Colt Jenson and his younger brother Bastian live in a world of shiny, new things – skateboards, slot cars, train sets and even the latest BMX. Their affluent father, Rex, has made sure that they'll be the envy of the new, working-class suburb they've moved to. But underneath the surface of the perfect family, is there something unsettling about the Jensons? To the local kids, Rex becomes a kind of hero, but Colt senses there's something in his father that could destroy their fragile new lives.
'Hartnett does a wonderful job of depicting the sometimes brutal world of childhood that runs parallel to, and occasionally intersects with, the world of adults.' Books and Publishing
Read Caroline Baum's Review
Colt and Bastian have all the coolest toys in the suburban neighbourhood they’ve just moved to. Bikes that make local boys envious, and a new swimming pool that’s a social magnet. But something makes it hard for the brothers to make friends and be accepted. Is it something to do with their dentist father Rex and his over-friendly manner? Freya, on the cusp of womanhood, does not think so. She thinks Rex is wonderful, even in his barbecue apron. She likes the way he’s a smiling father, not a drunk like her own dad.

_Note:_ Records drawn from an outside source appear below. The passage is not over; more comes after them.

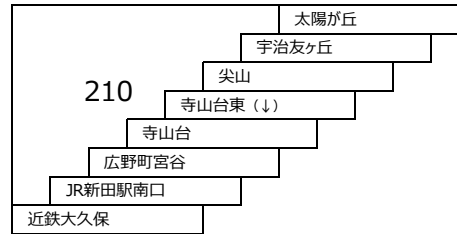

小倉向島線

大久保太陽が丘線

220 太陽が丘 - 近鉄大久保

黄檗台循環線

109 JR黄檗駅 - 菟道高校 - JR黄檗駅

折居台明星町線

40 40A 宇治文化センター - JR宇治駅 - 明星町3丁目
 JR宇治駅 - 明星町3丁目

宇治三室戸線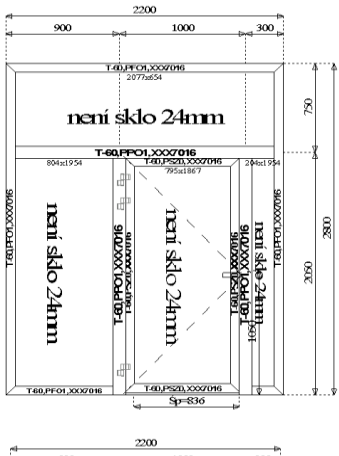

Pozice: 3
Název: **Poz. 3 IZOOL60 i IZOOL60+ - okna i výkladce dvěrní (B=2 200, H=2 800)**
Popis: Barva profilů:Farba štandardná RAL 7016
Barva kování:surový, hliník
Počet: 1
Výplně: sklo 24mm
Barva: Farba štandardná RAL 7016;surový, hliník
Poznámky: Jenodkrídlové dvere s bočným a horným nadsvetlíkom, Zámok Jednobodový kľučka/kľučka, Dvojkridielkové pánty, Profil izool 60, Rozmery skla: Lavý bočný fix - 804x1954, Pravý bočný fix - 204x1954, Nadsvetlík - 2077x654, Krídlo - 795x1867mm

1.1 Konstrukce:	0,00	0,00	0,00
1.2 Zasklení:	0,00	0,00	0,00
1.3 Práce:	0,00	0,00	0,00
1.4 Lakování:	0,00	0,00	0,00
1. Konstrukce celkem:	0,00	0,00	0,00
2. Demontaž:	0,00	0,00	0,00
3. Zednic.zprav.:	0,00	0,00	0,00
4. Montáž:	0,00	0,00	0,00
5. Recyklace:	0,00	0,00	0,00
Strona 1 Celkem 2-5:	0,00	0,00	0,00
Celkem 1-5:	0,00	0,00	0,00

This is a deft, unsettling story that rumbles with menace like a distant electric storm. It’s a dark edgy tale of class, submerged and repressed desire, suburban rumours, marital disappointments and tensions, as fragile adolescents try on the postures of adulthood.
About the Author
Sonya Hartnett's work has won numerous Australian and international literary prizes and has been published around the world. Uniquely, she is acclaimed for her stories for adults, young adults and children. Her accolades include the Commonwealth Writers' Prize (Of A Boy), The Age Book of the Year (Of A Boy), the Guardian Children's Fiction Prize (Thursday's Child), the Children's Book Council of Australia Book of the Year for both Older and Younger Readers (Forest, The Silver Donkey, The Ghost's Child, The Midnight Zoo and The Children of the King), the Victorian Premier's Literary Award (Surrender), shortlistings for the Miles Franklin Award (for both Of a Boy and Butterfly) and the CILP Carnegie Medal (The Midnight Zoo). Hartnett is also the first Australian recipient of the Astrid Lindgren Memorial Award (2008).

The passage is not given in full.